Buried in the Chrysler filings was the revelation that US government investments in Chrysler will not be paid back, though the government will probably take an 8% equity interest in Chrysler: Chrysler LLC will not repay U.S. taxpayers more than $7 billion in bailout money it received earlier this year and as part of its bankruptcy filing.

This revelation was buried within Chrysler’s bankruptcy filings last week and confirmed by the Obama administration Tuesday. The filings included a list of business assumptions from one of the company’s key financial advisors in the bankruptcy case. Some of the main assumptions listed by Robert Manzo of Capstone Advisory Group were that the Treasury would forgive a $4 billion bridge loan given to Chrysler in the closing days of the Bush administration, a $300 million fee on that loan, and the $3.2 billion in financing approved last week by the Obama administration to fund Chrysler’s operations during bankruptcy.

Only $7.5 billion for an 8 percent share of a bankrupt company owned by the United Auto Workers in a dying industry? Yeah, these financial whizzes are going to do a bang-up job “fixing” the economy. And just in case you weren’t convinced that the economy is doomed

“Mindful of his predecessor, Barack Obama seems to be trying harder to make sure he hears all sides. On the night of April 27, for instance, the president invited to the White House some of his administration’s sharpest critics on the economy, including New York Times columnist Paul Krugman and Columbia University economist Joseph Stiglitz. Over a roast-beef dinner, Obama listened and questioned while Krugman and Stiglitz, both Nobel Prize winners, pushed for more aggressive government intervention in the banking system.”
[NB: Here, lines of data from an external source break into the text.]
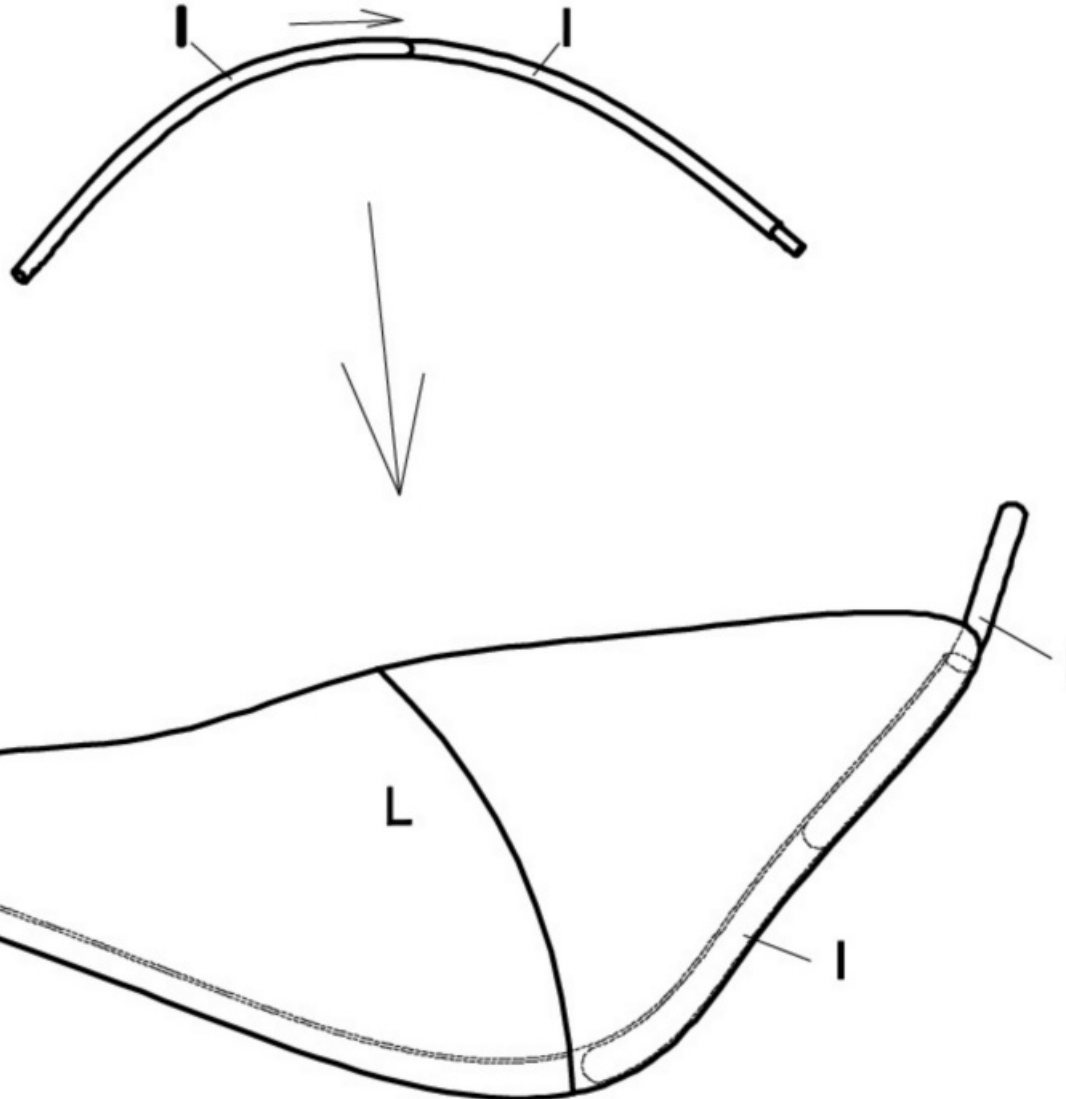

Sonnenbett Sydney

Größe / Size / Maat:
ca. 244 x 197 x 196 cm

Sun bed Sydney

Zonne bed Sydney

Aufbauanleitung / Assembly instruction / Opbouwinstructie:

⑥

Alle Schrauben nur lose anziehen!
All screws just tighten loose!
Alle schroeven los aandraaien!

Sonnenbett Sydney

Größe / Size / Maat:
ca. 244 x 197 x 196 cm

Sun bed Sydney

Zonne bed Sydney

Aufbauanleitung / Assembly instruction / Opbouw instructie:

⑦

Alle Schrauben nur lose anziehen!
All screws just tighten loose!
Alle schroeven los aandraaien!
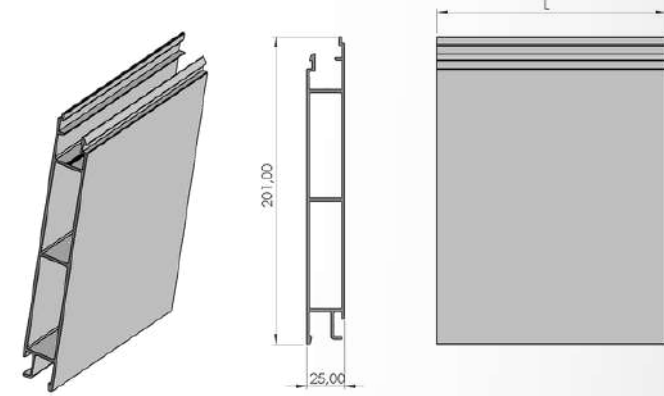

Ürün Adı / Production Name	Ürün Kodu / Production Code	Yüzey Durumu / Surface	kg / m	Malzeme İsmi / Material Name
Yan Kapak Düz Profil	001000118	MF	2,497	Alüminyum
		Eloksal		
		Toz Boya

Summers: “Do you think we ought to give Citi and BOA two trillion apiece or three trillion to recapitalize?”

Krugman: “More, more! Spend more!”

Summers: “How much more?”

Krugman: “Um, fiver?”

Stiglitz: “My bearded little buddy is right. Increasing banker bonuses will reduce the wage sluggishness effect, so the more you give them, the less sluggish they’ll be and the more loans they’ll make, thus jump-starting the economy. It is science.”

Obama: “Um, ah, ha ha ha ha ha!”

Summer: “Ignore him, he’s just a little punch-drunk after celebrating the Cinco de Cuatro. Fiver it is.”

Setting aside the fact that Krugman’s sharp “criticism” of Obama is that he hasn’t been quite as stupendously wonderful as Krugman believes he has the potential to be, the idea that the architects of the Chrysler deal should more aggressively intervene in any enterprise more complicated than a lemonade stand is risible. In fact, I expect that if Obama, Geithner, and Summers ever did run a lemonade stand, they’d somehow manage to drive away half the customers while poisoning the other half.